- Born: Candice Ann Rialson December 18, 1951 Santa Monica, California, U.S.
- Died: March 31, 2006 (aged 54) Palmdale, California, U.S.
- Occupation: Actress

= Candice Rialson =

American actress (1951–2006)

Candice Ann Rialson (December 18, 1951 – March 31, 2006), also known as Candy Rialson, was an American actress known for her starring role in Hollywood Boulevard (1976). According to one obituary, "although never reluctant to take her clothes off, Rialson was always more 'cutie' than sleazy, but she became so notorious for her B-movie work that mainstream directors hesitated to hire her". She has been called "perhaps the best ‘70s exploitation star of them all".

She inspired the character played by Bridget Fonda in Jackie Brown.

==Biography==
===Early life===
Rialson was born in Santa Monica, California, and grew up in Tustin, near Santa Ana in Orange County, California. At age 18, she won Miss Hermosa Beach and worked as a go-go dancer. She studied vet science at UC Davis but quit after a month.

The title of Miss Hermosa Beach led to a small part in The Gay Deceivers (1969), which sparked her interest in an acting career.

===Exploitation films===
She was living in Malibu when a neighbor suggested she might be ideal for the lead in a low budget film, Pets (1973). Rialson was cast and her career was launched.

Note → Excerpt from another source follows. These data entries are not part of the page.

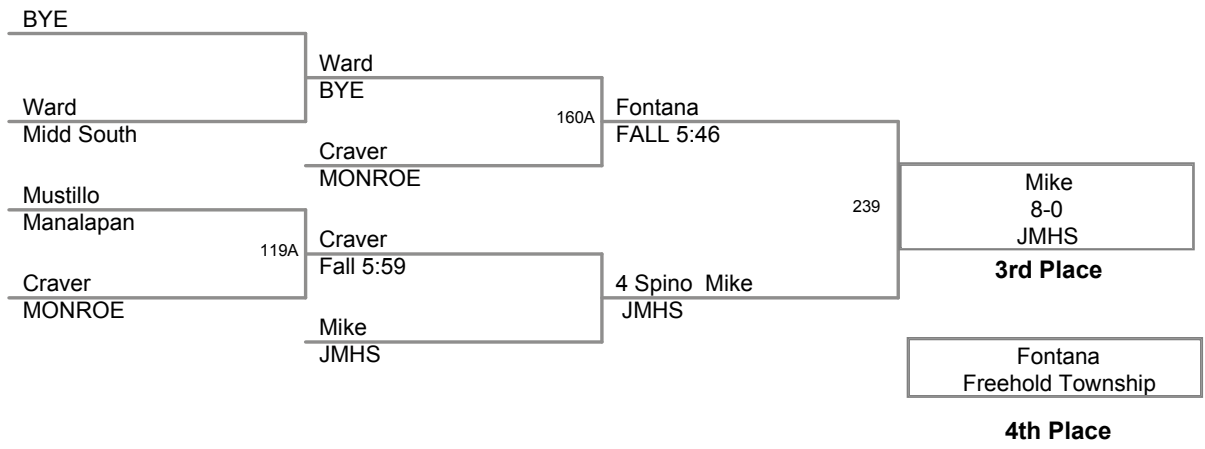

Walter Woods 2014
Walter Woods 20 Division

106 Lbs

Walter Woods 2014
Walter Woods 20 Division

113 Lbs

Walter Woods 2014
Walter Woods 20 Division

120 Lbs

Walter Woods 2014
Walter Woods 20 Division

126 Lbs

Walter Woods 2014
Walter Woods 20 Division

132 Lbs

Walter Woods 2014
Walter Woods 20 Division

138 Lbs

Walter Woods 2014
Walter Woods 20 Division

145 Lbs

Walter Woods 2014
Walter Woods 20 Division

152 Lbs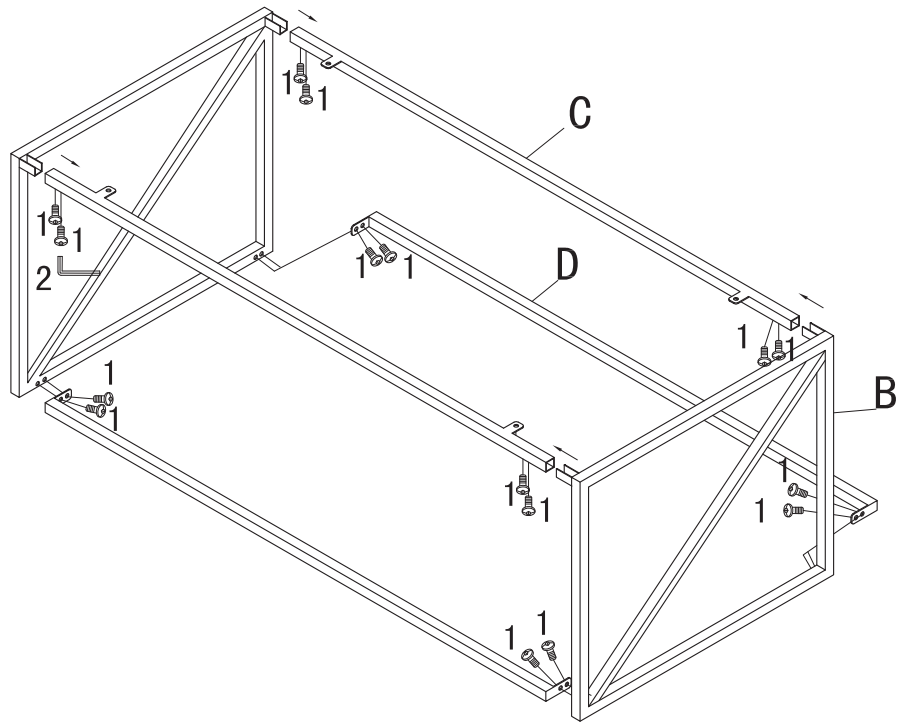

ITEM:705618

ASSEMBLY INSTRUCTIONS

STEP 1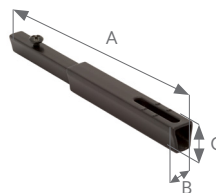

Designer Metals™ Collection Double Bypass Wall Bracket

Shown in Oil Rubbed Bronze. Available in all colors.
Optional bracket extension sold separately.
See reverse for more details.

Shown in Oil Rubbed Bronze. Available in all colors.

Available Sizes & Dimensions

For more information on returns and extensions, please see reverse side of this page.

1 3/8" DOUBLE BYPASS WALL BRACKET

A	B	C	D	E	F
7"	3"	7/8"	2 1/4"	3 1/4"	6 1/4"
FULL EXTENSION:					
A	B	C	D	E	F
8"	-	-	3 1/4"	4 1/4"	7 1/4"

1 3/8" BRACKET EXTENSION

A	B	C
3"	1/2"	1/2"
FULL EXTENSION:		
A	B	C
4"	-	-

Collection Details

Features

Sophisticated styles with striking finishes

Compatible with corresponding stationary pole

Finishes

Polished Nickel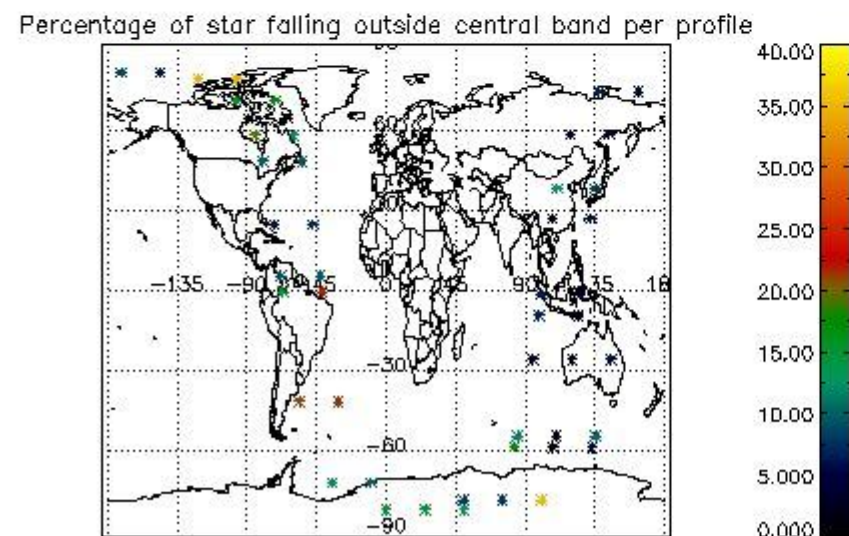

6. Statistics and plot of tangent altitude of the last measurement (DARK & BRIGHT products without errors)

6.1 Statistics on tangent altitude lost:

Statistics	DARK	BRIGHT	TWILIGHT
Mean:	15.736	19.350	NaN
St. deviation:	3.8931	5.8706	NaN
Maximum:	20.536	25.860	NaN
Minimum:	10.283	4.2691	NaN
Number of data:	10.000	28.000	NaN

6.2 Plot for DARK limb products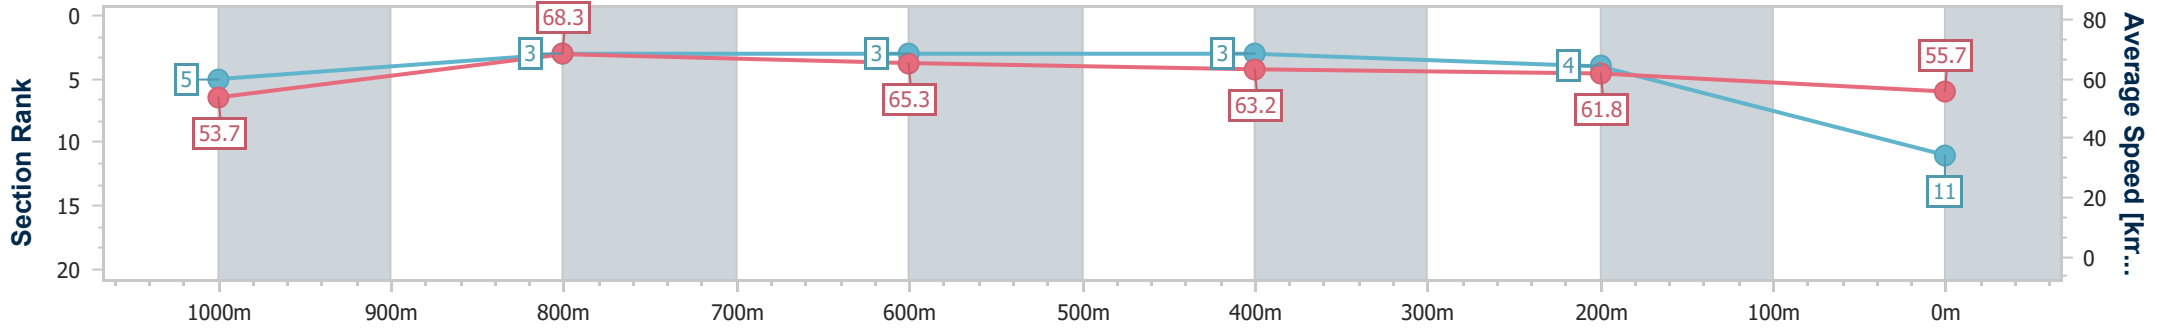

Horse/Jockey Name	Dashing Gee Gee
Final Rank	11
Fastest Section Time (Section)	0:10.66 (1000m)
Top Speed [km/h] (Section)	69.7 (1000m)
Race State	Finished

Doomben QLD Professional
Race 9: BECOME A BRC MEMBER BENCHMARK 70 Handicap - 1200m
12 June 2024 - 16:37
Track Rating: Good 4, Weather: Fine, Rail Position: +9m Entire

BRISBANE
RACING CLUB

Section	Overall	1000m	800m	600m	400m	200m
Section Times	1:11.23 [11] (0:13.45)	0:57.78 [5] (0:10.66)	0:47.12 [3] (0:11.12)	0:36.00 [3] (0:11.45)	0:24.55 [3] (0:11.59)	0:12.96 [4] (0:12.96)
Average Speed [km/h]	53.7	68.3	65.3	63.2	61.8	55.7
Top Speed [km/h]	68.4	69.7	67.1	65.0	62.9	59.8
Avg. Dist. to Rail [m]	8.3	4.3	2.2	1.0	0.4	0.5
Avg. Stride Freq. [Hz]	2.2	2.5	2.4	2.4	2.4	2.3
Avg. Stride Length [m]	6.7	7.6	7.5	7.4	7.2	6.9

- [ ] Ranking at each section and finish
- -.-.- No data available at this section
- NA No data available

She began to get work on TV appearing in episodes of Shaft, The Magician, Adam's Rib and Maude.

New World Pictures offered her the lead in a "nurses" picture, Candy Stripe Nurses (1974), produced by Julie Corman. This led to a role in another exploitation film, Mama's Dirty Girls (1974) with Gloria Grahame. She had a small part in the TV films The Girl on the Late, Late Show (1974) and Guilty or Innocent: The Sam Shephard Murder Case (1975). Rialson described her part in the latter as "my usual Candice Rialson role, I flirted with him [star George Peppard] and got on the back of his Harley and said a few short, sweet things."

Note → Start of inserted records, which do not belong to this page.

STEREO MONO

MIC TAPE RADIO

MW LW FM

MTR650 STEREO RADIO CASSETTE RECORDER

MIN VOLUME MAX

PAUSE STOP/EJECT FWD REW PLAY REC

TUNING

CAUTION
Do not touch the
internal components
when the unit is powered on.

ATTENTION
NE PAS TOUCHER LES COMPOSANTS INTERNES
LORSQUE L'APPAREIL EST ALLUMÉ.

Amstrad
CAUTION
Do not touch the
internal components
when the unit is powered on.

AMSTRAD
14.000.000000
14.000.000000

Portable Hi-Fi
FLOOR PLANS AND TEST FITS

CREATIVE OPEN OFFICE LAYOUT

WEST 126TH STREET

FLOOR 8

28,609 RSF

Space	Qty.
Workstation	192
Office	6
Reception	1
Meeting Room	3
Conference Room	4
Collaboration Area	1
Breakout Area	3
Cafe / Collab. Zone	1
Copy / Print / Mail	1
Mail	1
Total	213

Rialson had a small role in The Eiger Sanction (1975) as an art student in college who volunteers to do anything for her professor, played by Clint Eastwood, in return for a good grade. She returned to New World to star in Summer School Teachers (1975), also produced by Julie Corman. "Candice was a rare combination," said Corman later. "She was a good actress and a beautiful girl. She had a real flair for comedy. She also helped keep a good mood on set which was very important."

Teri Shwartz offered her the lead in a New World Picture about roller skaters, but she turned it down as she did not want to be in any more "three girl" movies. Instead she appeared in one scene in Silent Movie (1976) directed by Mel Brooks, as a nurse who slapped Marty Feldman. However, her scene ended up being reshot with another actress.

Rialson returned to New World to star in Hollywood Boulevard (1976), the directorial debut of Joe Dante and Allan Arkush.

Her last leading role was in Chatterbox (1977), a film for producer Tom DeSimone about a woman with a talking vagina. "I didn't know what it was about when I auditioned but I got the picture real quick," said Rialson later. Bruce Curtis wanted to sign Rialson to a three picture deal but this fell through.

Rialson had a bit part in Logan's Run (1976) and had small roles in Moonshine County Express (1977) and Stunts (1978).

Her final film was the political thriller Winter Kills (1979), playing a girl who rubs John Huston's crotch. "I never took any of it too seriously," Rialson later said. "Everything came easily for me. While there were just as talented and knock down gorgeous actresses out there who couldn't even get agents. I was getting scripts delivered to my house ... I was really busy but I couldn't appreciate that at the time."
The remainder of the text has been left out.